The U.S. Census Bureau released more detailed 2010 Census population totals and demographic characteristics to the governor and leadership of the state legislature in Oklahoma.

Frequent KGOU political analyst and University of Oklahoma Political Science Professor Keith Gaddie is a recognized expert on the redistricting process that follows each census count. He came to the KGOU studios to provide a census and redistricting primer.

These data provide the first look at population counts for small areas and race, Hispanic origin, voting age and housing unit data released from the 2010 Census.

Data for Oklahoma show that the five most populous incorporated places and their 2010 Census counts are Oklahoma City, 579,999; Tulsa, 391,906; Norman, 110,925; Broken Arrow, 98,850; and Lawton, 96,867. Oklahoma City grew by 14.6 percent since the 2000 Census.

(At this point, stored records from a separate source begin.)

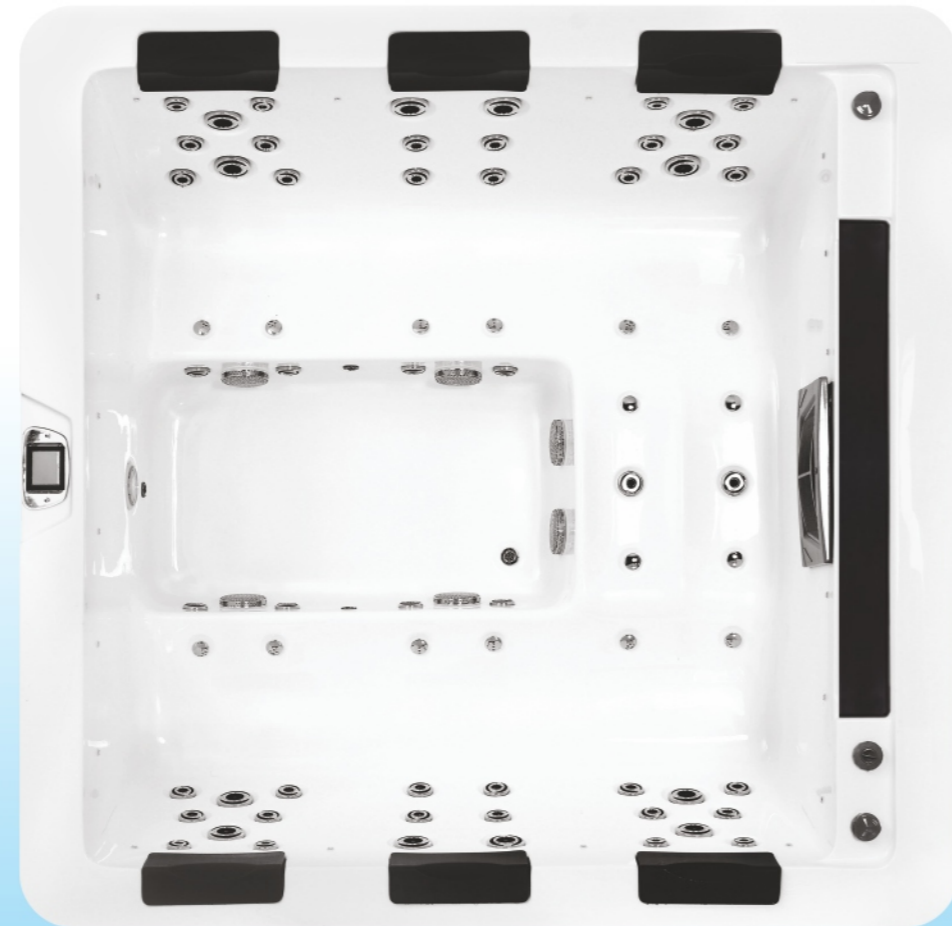

Atlas

ΣΕΙΡΑ ΥΔΡΟΜΑΣΑΖ • BARRELLA

RELAXING IN STYLE

ΥΔΡΟ-ΜΑΣΑΖ

ΑΕΡΟ-ΜΑΣΑΖ

6
ΑΤΟΜΑ

73

BARRELLA SPA
Relaxing In Style

Τεχνικά χαρακτηριστικά

| | |
|---------------------------|--------------------|
| Διαστάσεις (Cm) | 220 X 220 X 96 cm |
| Θέσεις (καθητές/ξαπλωτές) | 6(4/2) |
| Όγκος νερού (lt) | 2787lt |
| Βάρος(καθαρό/μεικτό)Kgr | 450/3237 Kgr |
| Τύπος ακρυλικού | Aristech Acrylics® |
| Ψηφιακός πίνακας ελέγχου | Balboa TP800 |
| Θερμαντήρας | Balboa 3Kw |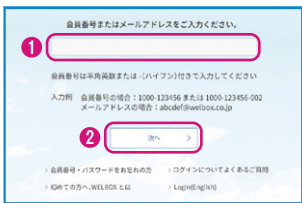

100 コイン

たつ? 吉

1 コイン

さらに! 3週以上参加でWチャンス

WELBOXショッピングクーポン
2,000円分 × **100名様**

※契約団体によりWELBOXショッピングがご利用いただけない場合は、同額のWELコインを付与させていただきます。

●掲載内容は2024年1月5日時点のものです。
サービス内容、会員特典は予告なく変更する場合がございます。最新の情報は会員専用ホームページにてご確認ください。

WELBOX会員専用ホームページへの
ログインはこんなにカンタン!

必要なものは、これだけ!

会員番号
またはアカウント
メールアドレス & パスワード

- 1 はじめに会員番号またはメールアドレスをご入力ください。
- 2 入力後、「次へ」ボタンを押して次の画面に進みます。

- 3 前のページで入力した会員番号(またはメールアドレス)が正しいかを確認し、パスワードを入力します。
- 4 「ログイン」ボタンを押すとトップ画面が表示されます。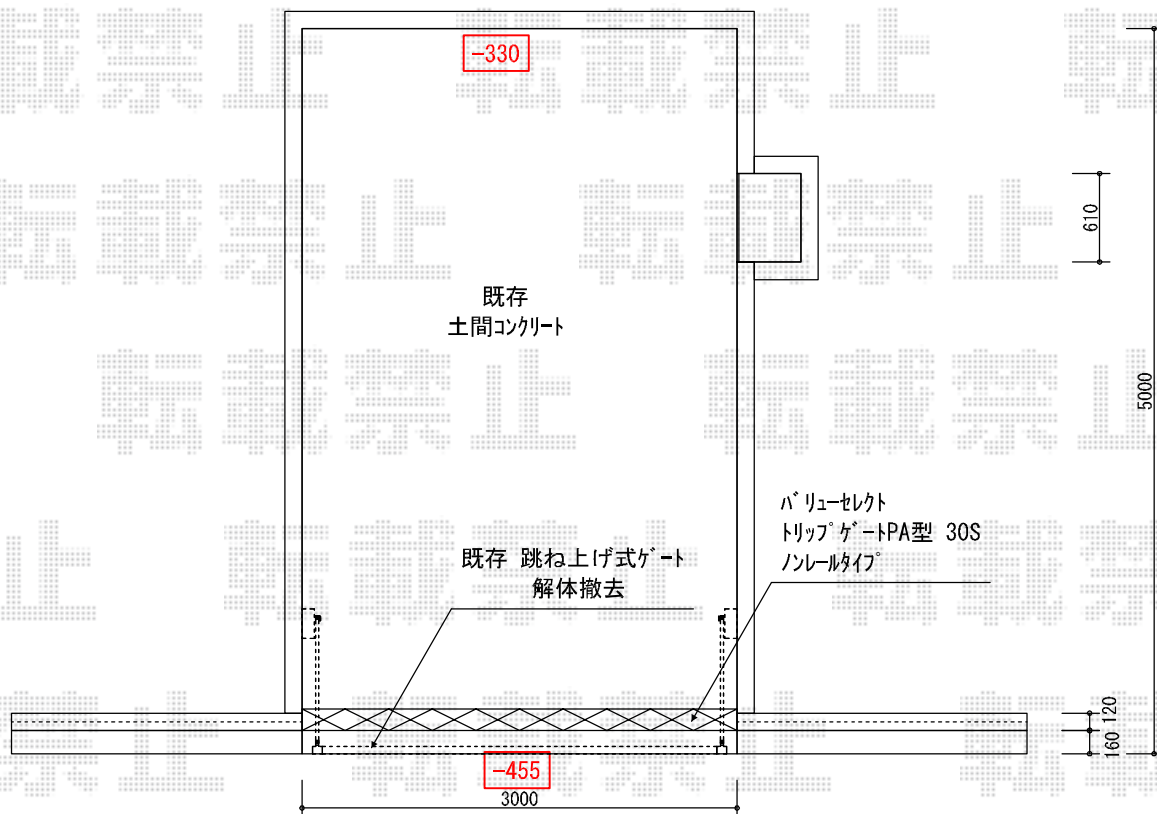

# トリップゲート PA型 ノンレール 片開き

Value Select トリップゲート PA型 ノンレール 片開き  
開口幅=2,908mm  
全幅=3,008mm  
たたみ幅=323mm  
高さ=1,182mm  
色：ステンカラー  
キャスター数：2  
落棒数：2

現場状況や作図制限により概略図の内容と多少の違いが生じることがございます。  
施工時は、現場優先とさせて頂きたく思いますので、お立会い頂き、  
最終のご指示のほど、何卒、宜しくお願い致します。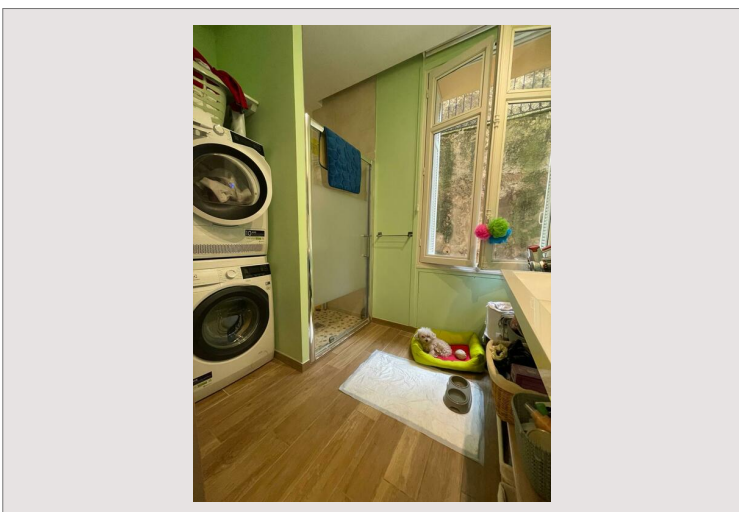

La Condamine - 3 Pièces immeuble bourgeois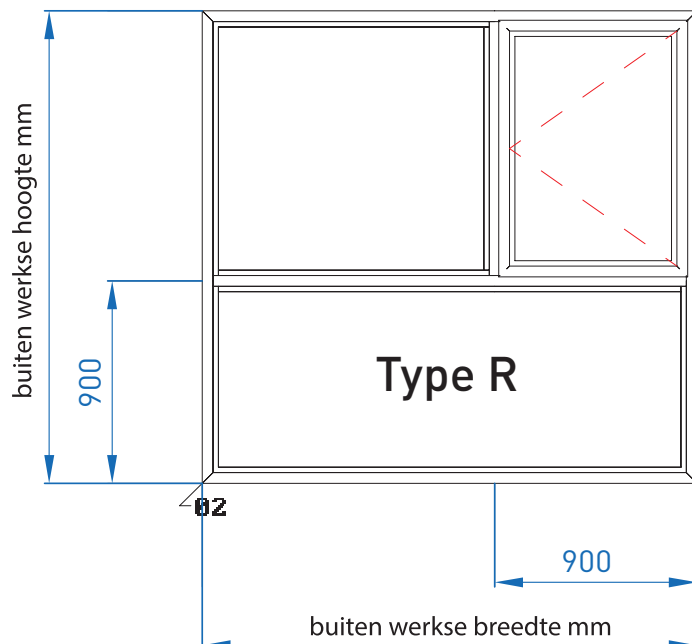

Inbouwmaten

* Afhankelijk van de dagmaat breedte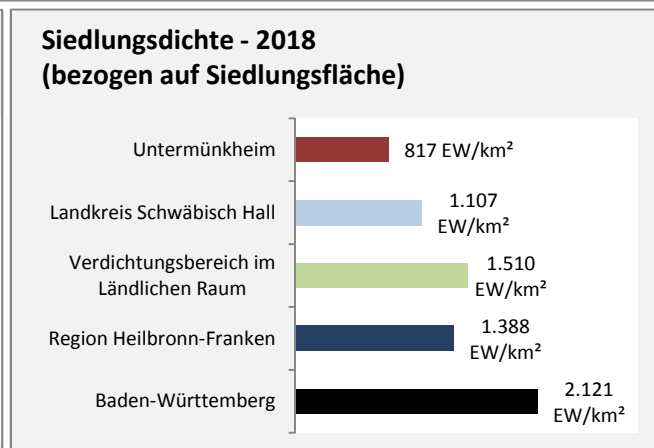

Untermünkheim - Flächenentwicklung

Datengrundlage: Landesamt für Statistik Baden-Württemberg

Abbildungen und Berechnungen: Regionalverband Heilbronn-Franken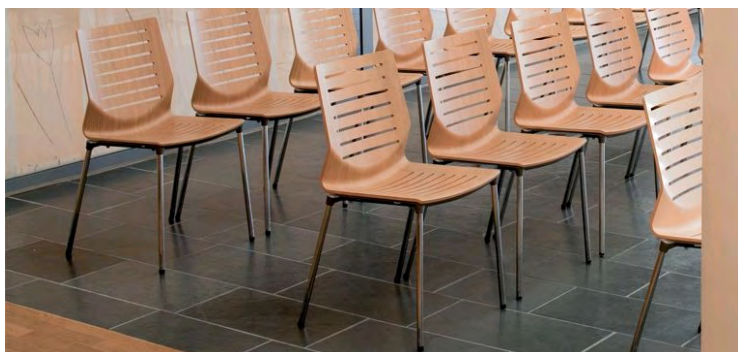

Next collection kan leveres med rekkekobling.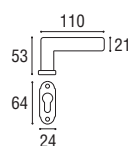

Ottone lucido verniciato	Cod. 08 OL 16-O	€ 45,20
Ottone naturale spazzolato	Cod. 08 ON 16-O	€ 45,20
Ottone anticato	Cod. 08 OA 16-O	€ 45,20
Ottone graffiato verniciato	Cod. 08 OG 16-O	€ 45,20
Ottone naturale burattato old	Cod. 08 OV 16-O	€ 45,20
Ottone brunito antico	Cod. 08 BA 16-O	€ 55,20
Ottone yesterday	Cod. 08 OY 16-O	€ 55,20
Ottone cromato satinato	Cod. 08 CS 16-O	€ 55,20
Ottone cromato lucido	Cod. 08 CL 16-O	€ 55,20
Ottone brunito forgiato	Cod. 08 BF 16-O	€ 55,20

TALLIN - Rosetta e bocchetta ovalina piccola **yale** v.v.

Ottone lucido verniciato	Cod. 08 OL 17-O	€ 45,20
Ottone naturale spazzolato	Cod. 08 ON 17-O	€ 45,20
Ottone anticato	Cod. 08 OA 17-O	€ 45,20
Ottone graffiato verniciato	Cod. 08 OG 17-O	€ 45,20
Ottone naturale burattato old	Cod. 08 OV 17-O	€ 45,20
Ottone brunito antico	Cod. 08 BA 17-O	€ 55,20
Ottone yesterday	Cod. 08 OY 17-O	€ 55,20
Ottone cromato satinato	Cod. 08 CS 17-O	€ 55,20
Ottone cromato lucido	Cod. 08 CL 17-O	€ 55,20
Ottone brunito forgiato	Cod. 08 BF 17-O	€ 55,20

MARTELLINA $\varnothing$ 7 SU PLACCA OVALE V.V.

TALLIN - Martellina su placca ovale v.v.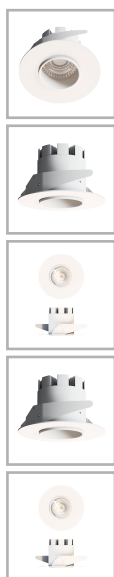

## GALAD Палатта LED-14-Г60-IP20-УХЛ4(R/D170/9530/RAL9016/LS/DC24/II/D/PWM/W/S/G1) (БТ)

Код 29811

### Особенности

- Даунлайт со специальной оптической системой для снижения слепящего действия
- Высокий индекс цветопередачи CRI>90/95
- Большое разнообразие КСС
- Надёжный алюминиевый корпус
- II класс защиты от поражения электрическим током

### Цвет

 По умолчанию:  
Белый

 Покраска  
в любой цвет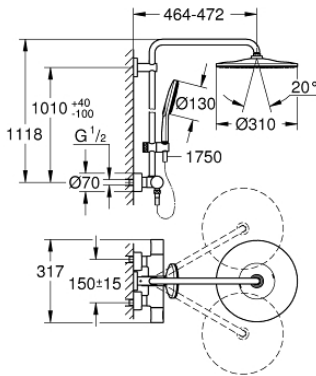

### وصف المنتج

- ذراع دش 450 ملم أفقية قابلة للتدوير
- ترموستات مكشوف بوظيفة Aquadimmer
- head shower Rainshower Mono 310
- maximum flow rate (at 3 bar): 9.5 l/min
- بمفصل كروي
- hand shower Rainshower SmartActive 130
- maximum flow rate (at 3 bar): 8.5 l/min
- قابل لتعديل الارتفاع بعنصر منزلق
- Silverflex shower hose 1750 mm
- تقنية GROHE EcoJoy لمياه أقل وتدفق ممتاز
- القلب المصغر GROHE TurboStat بالعنصر الحراري الشمعي
- زر أمان GROHE SafeStop عند 38 °م
- محدد درجة الحرارة GROHE SafeStop Plus الاختياري عند 43 درجة مئوية مدرج
- GROHE CoolTouch لا يوجد خطر من سخونة الماء
- تقنية GROHE DreamSpray لنمط رشاش مثالي
- GROHE SmartTip اختيار رذاذ الدش من خلال الضغط على حلقة
- GROHE LongLife طلاء
- Flexible Installation - 1 adjustable bracket for existing drill holes
- GROHE SpeedClean نظام منع التكدسات
- الحد الأدنى لمعدل التدفق 5 ل/دقيقة
- DR-brass

## RAINSHOWER SMARTACTIVE 310 26 836 GLO شاور سيستم بالترموستات للتثبيت الحائطي

قطع الغيار:

1: shut-off handle aquadimmer (رقم الطلب: 47804GLO)

2: سداة (رقم الطلب: 47723000)

3: مقيد ماء (رقم الطلب: 47364000)

4: طرد الماء (رقم الطلب: 47887000)

5: temperature control handle (رقم الطلب: 47811GLO)

6: حلقة تركيب (رقم الطلب: 47743000)

7: قلب مضغوط ترموستاتي 1/2 بوصة (رقم الطلب: 47439000)

8: non-return valves (رقم الطلب: 47189GLO)

17: موسع مقبس\* (رقم الطلب: 19332000)

18: قلب GROHE TurboStat 1/2 بوصة\* (رقم الطلب: 47175000)

19: توسعة خاصة\* (رقم الطلب: 19377000)

\* إكسسوارات\* اختيارية\*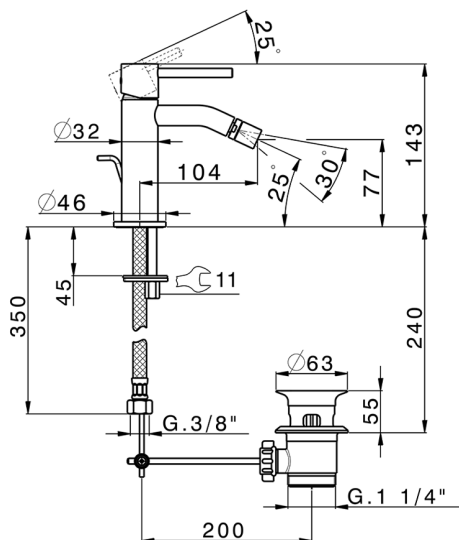

Bidé monomando M32_MT000554

MODELO **MT000554**

Bidé monomando, con desagüe automático
1"1/4, latiguillos acero G.3/8"

ACABADOS DISPONIBLES

-  **21** 21 Cromo
-  **26** 26 Cobre Viejo
-  **2F** 2F Níquel Cepillado
-  **2W** 2W Oro Cepillado
-  **40** 40 Negro Mate
-  **4Q** 4Q Blanco Mate

CARACTERÍSTICAS

Recambio Cartucho **ZZ96550000**

Cartucho Monomando 25 mm

2024-11-21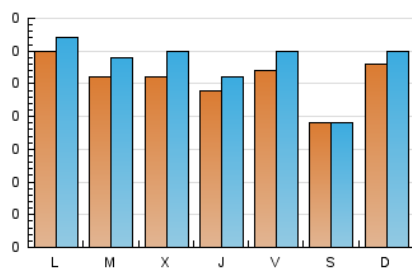

2. Secciones (Nacional)

	PAGINAS	%
HOME	177	16.16 %
RESTO	918	83.84 %

3. Por día del mes (Nacional)

Día	N. únicos	Visitas	Páginas	Día	N. únicos	Visitas	Páginas	Día	N. únicos	Visitas	Páginas
1	66	68	78	11	33	39	61	21	10	11	13
2	48	51	63	12	25	28	36	22	18	19	22
3	35	37	59	13	41	48	58	23	27	30	34
4	41	45	51	14	39	39	42	24	17	19	23
5	28	28	31	15	22	24	27	25	8	8	9
6	16	16	23	16	31	35	43	26	15	16	21
7	14	14	17	17	23	25	35	27	23	23	32
8	15	16	19	18	20	26	33	28	13	13	19
9	31	33	44	19	26	31	35	29	20	21	24
10	43	54	71	20	27	31	40	30	13	13	21
								31	10	10	11

4. Gráficas (Nacional)

4.1 Por día de la semana (promedio)

N. únicos / Visitas (x 100)

Páginas (x 100)

4.2 Por franja horaria (promedio)

Visitas (x 1000)

Páginas (x 1000)

4.3 Por meses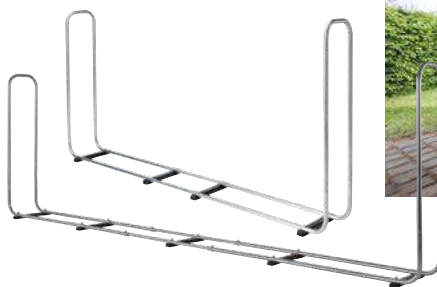

▲ **Suporte metálico para lenha Wolfcraft**
Ajustável - Extensível
Para peças de 25-50cm
Resistente para exteriores
1,72-2,34 x 1,04m Ref. 82441
1,76-3,24 x 1,04-1,46 Ref. 82451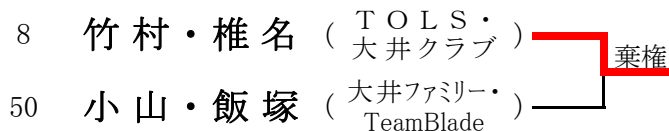

2008年 6月22日(中止)⇒7月20日

男子ベテランシングルス (※Best8より) <参加数: 32>

<3位決定戦>

---

2008年 5月11日(中止)⇒7月 6日

シニアダブルス (※決勝トーナメントより) <参加数: 13組>

※予選リーグは、A～Dの4ブロックで実施。

※決勝リーグは、A～Dの1位通過ペア。抽選で組み合わせを決定

2008年 6月22日(中止)⇒7月 6日

女子ダブルスA (※Best8より) <参加数: 44>

<3位決定戦>

5位~8位 (抽選決定)

5位	6位	7位	8位
12	28	2	44

2008年 6月15日

男子ダブルスA (※Best8より) <参加数: 50>

<3位決定戦>

Tulsa decreased by 0.3 percent, Norman grew by 15.9 percent, Broken Arrow grew by 32.0 percent, and Lawton grew by 4.4 percent.

Use the Census Widget to learn more about the 2010 count.

The largest county is Oklahoma with a population of 718,633. Its population grew by 8.8 percent since 2000. The other counties in the top five include Tulsa, with a population of 603,403 (increase of 7.1 percent); Cleveland, 255,755 (increase of 22.9 percent); Comanche, 124,098 (increase of 7.9 percent); and Canadian, 115,541 (increase of 31.8 percent).